[Data excerpts]
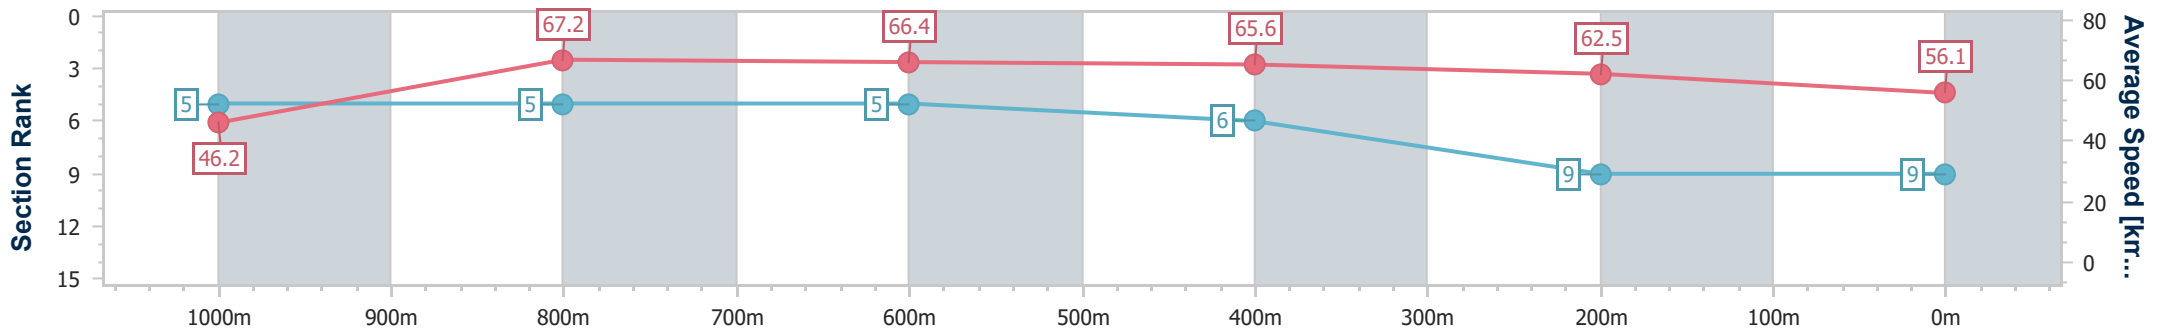

Doomben QLD Professional

Race 5: SKY RACING Class 6 Plate - 1110m

19 June 2024 - 14:22

Track Rating: Good 4, Weather: Fine, Rail Position: +11m Entire

BRISBANE RACING CLUB

Section	Overall	1000m	800m	600m	400m	200m
Section Times	1:05.53 [9] (0:08.59)	0:56.94 [5] (0:10.73)	0:46.21 [5] (0:10.84)	0:35.37 [5] (0:11.00)	0:24.37 [6] (0:11.51)	0:12.86 [9] (0:12.86)
Average Speed [km/h]	46.2	67.2	66.4	65.6	62.5	56.1
Top Speed [km/h]	63.9	68.7	67.0	67.1	63.5	60.4
Avg. Dist. to Rail [m]	4.2	1.9	0.4	0.6	1.6	1.8
Avg. Stride Freq. [Hz]	2.3	2.4	2.3	2.3	2.3	2.1
Avg. Stride Length [m]	5.6	7.9	8.0	7.9	7.7	7.4

- [] Ranking at each section and finish
- .-.- No data available at this section
- NA No data available

Horse/Jockey Name	Strategic Position
Final Rank	10
Fastest Section Time (Section)	0:08.87 (Overall)
Top Speed [km/h] (Section)	67.2 (1000m)
Race State	Finished

Work item:
What this exercise asks for is every line of the data above with the word "RACING".

Written response:
Race 5: SKY RACING Class 6 Plate - 1110m
BRISBANE RACING CLUB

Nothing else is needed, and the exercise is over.